Currently available murine Leydig cell lines can be applied to study early steps of steroidogenesis but not testosterone synthesis

Androgen biosynthesis in males occurs to a large extent in testicular Leydig cells. This study focused on the evaluation of three murine Leydig cell lines as potential screening tool to test xenobiotics interfering with gonadal androgen synthesis. The final step of testosterone (T) production in Leydig cells is catalyzed by the enzyme 17 beta-hydroxysteroid dehydrogenase 3 (17 beta-hsd3). The endogenous 17 beta-hsd3 mRNA expression and Delta 4-androstene-3,17-dione (AD) to T conversion were determined in the murine cell lines MA-10, BLTK1 and TM3. Additionally, effects of 8-Br-cAMP and forskolin stimulation on steroidogenesis and T production were analyzed. Steroids were quantified in supernatants of cells using liquid chromatography tandem mass spectrometry.

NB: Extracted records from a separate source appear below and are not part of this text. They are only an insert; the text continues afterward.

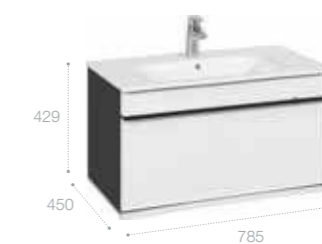

Aneto, 80 см.

Ассортимент

Модуль для раковины

Стр. 224

Арт. 857429806 60 см, белый глянец/черный матовый

Модуль для раковины

Стр. 220

Арт. 857430806 80 см, белый глянец/черный матовый
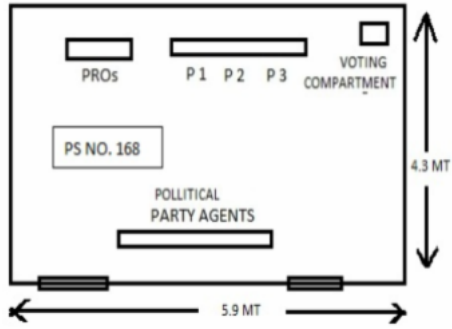

নির্বাচক নিবন্ধন আধিকারিকের স্বাক্ষর

Nazri Naksha

Google Map View

Polling Station Building Front View

Polling Station Front View

Cad View

Key MAP View

1	XOY2065894	নাম : দীপঙ্কর বর পিতার নাম: হুমিকেশ বর বাড়ির নং : n0246 বয়স : 61 লিঙ্গ : পুরুষ	ফটো উপলব্ধ	2	XOY2065944	নাম : সপ্তর্ষি বর পিতার নাম: সনৎ বর বাড়ির নং : n0249 বয়স : 29 লিঙ্গ : পুরুষ	ফটো উপলব্ধ	3	XOY2065928	নাম : সৌরভ বিশ্বাস পিতার নাম: চন্দন বিশ্বাস বাড়ির নং : n0110 বয়স : 29 লিঙ্গ : পুরুষ	ফটো উপলব্ধ
4	DKN2997039	নাম : দিপালী চাঁদ স্বামীর নাম: সনাতন চাঁদ বাড়ির নং : n0320 বয়স : 46 লিঙ্গ : মহিলা	ফটো উপলব্ধ	5	XOY2065902	নাম : পরীক্ষীৎ জানা পিতার নাম: বাপি জানা বাড়ির নং : n0088 বয়স : 33 লিঙ্গ : পুরুষ	ফটো উপলব্ধ	6	XOY1735604	নাম : রাজা কুণ্ডু পিতার নাম: স্বপন কুণ্ডু বাড়ির নং : n0305 বয়স : 32 লিঙ্গ : মহিলা	ফটো উপলব্ধ
7	XOY1735463	নাম : প্রীতি মাকাল পিতার নাম: অজয় মাকাল বাড়ির নং : n0304 বয়স : 32 লিঙ্গ : মহিলা	ফটো উপলব্ধ	8	XOY2065910	নাম : অনুপ মাকাল পিতার নাম: খোকন মাকাল বাড়ির নং : n0077 বয়স : 30 লিঙ্গ : পুরুষ	ফটো উপলব্ধ	9	XOY2065936	নাম : সোমনাথ মাকাল পিতার নাম: সোনা মাকাল বাড়ির নং : n0189 বয়স : 29 লিঙ্গ : পুরুষ	ফটো উপলব্ধ
10	XOY2065886	নাম : গৌতম মর্জিত পিতার নাম: গোপাল মর্জিত বাড়ির নং : n0107 বয়স : 30 লিঙ্গ : পুরুষ	ফটো উপলব্ধ	11	XOY2427920	নাম : সৌমেন মণ্ডল পিতার নাম: মাধব মণ্ডল বাড়ির নং : n0030 বয়স : 52 লিঙ্গ : পুরুষ	ফটো উপলব্ধ	12	XOY2065852	নাম : নন্দ দুলালী পইত স্বামীর নাম: বুবাই পইত বাড়ির নং : n0178 বয়স : 33 লিঙ্গ : মহিলা	ফটো উপলব্ধ
13	XOY2065845	নাম : শুভঙ্কর বেড়া পিতার নাম: রবীন বেড়া বাড়ির নং : 3 বয়স : 30 লিঙ্গ : পুরুষ	ফটো উপলব্ধ	14	XOY2407609	নাম : আনওয়ারা বিহি স্বামীর নাম: বিলায়েত হোসেন সেখ বাড়ির নং : 115 বয়স : 66 লিঙ্গ : মহিলা	ফটো উপলব্ধ	15	XOY2611093	নাম : মিনল অধিকারী পিতার নাম: রবীন্দ্র নাথ অধিকারী বাড়ির নং : 115 বয়স : 55 লিঙ্গ : পুরুষ	ফটো উপলব্ধ
16	XOY2435188	নাম : শিখা অধিকারী স্বামীর নাম: মিলন অধিকারী বাড়ির নং : 115 বয়স : 60 লিঙ্গ : মহিলা	ফটো উপলব্ধ	17	XOY1895325	নাম : দীপ অধিকারী পিতার নাম: মিলন অধিকারী বাড়ির নং : 115 বয়স : 31 লিঙ্গ : পুরুষ	ফটো উপলব্ধ	18	WB/20/139/831497	নাম : গোবন্ধন অদিত্য পিতার নাম: শচীনাথ বাড়ির নং : 115 বয়স : 65 লিঙ্গ : পুরুষ	ফটো উপলব্ধ
19	WB/20/139/831498	নাম : ফলগুনি অদিত্য অন্যান্য: গোবন্ধন বাড়ির নং : 115 বয়স : 55 লিঙ্গ : মহিলা	ফটো উপলব্ধ	20	DKN5362454	নাম : শরৎ আগিয়ান পিতার নাম: জগবন্ধু আগিয়ান বাড়ির নং : 115 বয়স : 58 লিঙ্গ : পুরুষ	ফটো উপলব্ধ	21	XOY1895382	নাম : ডলি আগিয়ান স্বামীর নাম: উত্থান আগিয়ান বাড়ির নং : 115 বয়স : 49 লিঙ্গ : মহিলা	ফটো উপলব্ধ
22	XOY1576800	নাম : সধিতা আগিয়ান স্বামীর নাম: উজ্জ্বল আগিয়ান বাড়ির নং : 115 বয়স : 43 লিঙ্গ : মহিলা	ফটো উপলব্ধ	23	XOY2237162	নাম : ভাস্কর আগিয়ান পিতার নাম: সন্তোষ আগিয়ান বাড়ির নং : 115 বয়স : 42 লিঙ্গ : পুরুষ	ফটো উপলব্ধ	24	XOY1735448	নাম : লক্ষী আগিয়ান পিতার নাম: জগবন্ধু আগিয়ান বাড়ির নং : 115 বয়স : 39 লিঙ্গ : মহিলা	ফটো উপলব্ধ
25	RUN1334101	নাম : উর্মিমালা আগিয়ান স্বামীর নাম: ভাস্কর আগিয়ান বাড়ির নং : 115 বয়স : 32 লিঙ্গ : মহিলা	ফটো উপলব্ধ	26	XOY2307619	নাম : আফতাব আলম পিতার নাম: মুইয়ু আলম বাড়ির নং : 115 বয়স : 27 লিঙ্গ : পুরুষ	ফটো উপলব্ধ	27	XOY2592996	নাম : মেহতাব আলম পিতার নাম: মুইয়ু আলম বাড়ির নং : 115 বয়স : 24 লিঙ্গ : পুরুষ	ফটো উপলব্ধ
28	WB/20/139/831266	নাম : রণু বাগ অন্যান্য: চন্দ্রশেকর বাড়ির নং : 115 বয়স : 75 লিঙ্গ : মহিলা	ফটো উপলব্ধ	29	WB/20/139/831420	নাম : শোনালী বাগ অন্যান্য: বিরেন বাড়ির নং : 115 বয়স : 55 লিঙ্গ : মহিলা	ফটো উপলব্ধ	30	DKN4376034	নাম : নন্দরানী বৈদ্য অন্যান্য: বাসুদেউ বাড়ির নং : 115 বয়স : 80 লিঙ্গ : মহিলা	ফটো উপলব্ধ
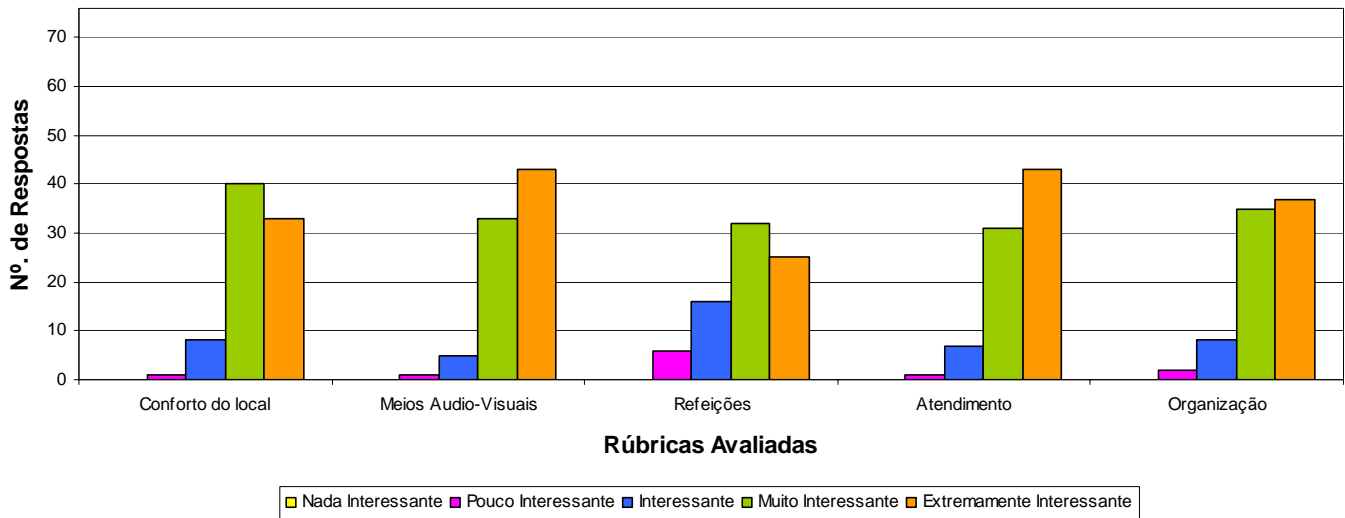

CONFERÊNCIA

ALTERAÇÕES CLIMÁTICAS: O DESAFIO APÓS COPENHAGA

PORTO 29 MARÇO 2010

LOCAL: FUNDAÇÃO DE SERRALVES

PARCERIA:

SERRALVES

COM O ALTO PATROCÍNIO
DE SUA EXCELÊNCIA

O Presidente da República

Percentagem de respostas: 46%

Interesse da Conferência

Organização / Logística

Painéis / Apreciação Global
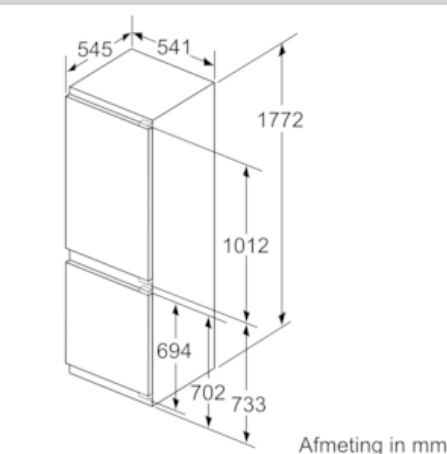

### Technische specificaties:

- Inbouwmaten (hxbxd): 177.5 x 56 x 55 cm
- Klimaatklasse: SN-ST
- Geluidsniveau: 39 dB(A) re 1 pW
- Aansluitwaarde: 90 W

F	R	X
16-19	0-3	2,5
20	0-1	3
	2-3	2,5
21	0-1	3
	2-3	2,5
22	0	4
	1	3,5
	2-3	3

De in de tabel aanbevolen tussenruimtes moeten worden aangehouden, om een botsingsvrije opening van de apparaatdeuren te waarborgen en beschadiging aan keukenmeubels te vermijden.

De aangegeven meubeldeurmaten gelden voor een deurnaad van 4 mm.

Afmeting in mm

Afmeting in mm

Afmeting in mm
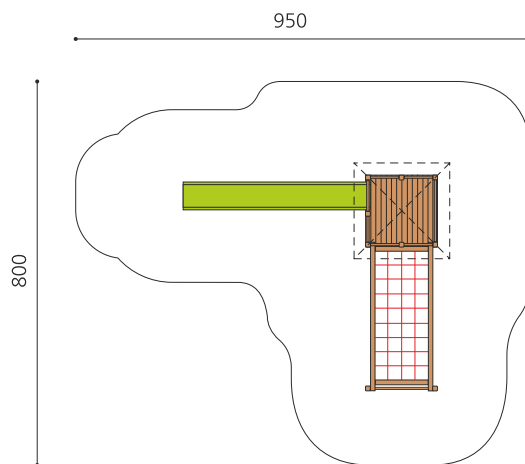

Grosser Spielturm mit verschiedenen Klettermöglichkeiten. Unser klassischer bimbo Kletterturm ist vielseitig nutzbar und ist sehr beliebt bei den Kindern. Die Kombination eignet sich gut als Grundobjekt für den weiteren An- und Ausbau. Klassische bimbo Konstruktion in einheimischer Weisstanne KDI, vandalsichere bc-rope Seile, mit verzinkten Stahlkonsolen im Bodenbereich, GFK Kunststoff Rutsche.

Création HINNEN

Artikelnummer	BM.030.1
Artikelname	Kletterturm bimbo 1 mit Wellenrutsche
Spielalter	4+
Fallhöhe	190 cm
Platzbedarf	950 x 800 cm
Fallschutz	Nach Norm SN EN 1176
Fallschutzfläche	52 m ²
Gerätemasse	530 x 350 x 450 cm
Fundamente	9 stk
Beton Total	1.12 m ³
Schwerstes Teil	250 kg
Anzahl Monteure	2
Montagezeit Total	8 h
Ersatzteilgarantie	Lebenslang

Unstimulated cells incubated with AD produced only very low T but substantial amounts of the inactive androsterone. Stimulated cells produced low amounts of T, moderate amounts of AD, but high amounts of progesterone. Gene expression analyses revealed barely detectable 17 beta-hsd3 levels, absence of 17 beta-hsd5 (Akr1c6), but substantial 17 beta-hsdl expression in all three cell lines. Thus, MA-10, BLTK1 and TM3 cells are not suitable to study the expression and activity of the gonadal T synthesizing enzyme 17 beta-hsd3. The low T production reported in stimulated MA-10 cells are likely a result of the expression of 17 beta-hsd1. This study substantiates that the investigated Leydig cell lines MA-10, BLTK1, and TM3 are not suitable to study gonadal androgen biosynthesis due to altered steroidogenic pathways. Furthermore, this study emphasizes the necessity of mass spectrometry-based steroid quantification in experiments using steroidogenic cells such as Leydig cells.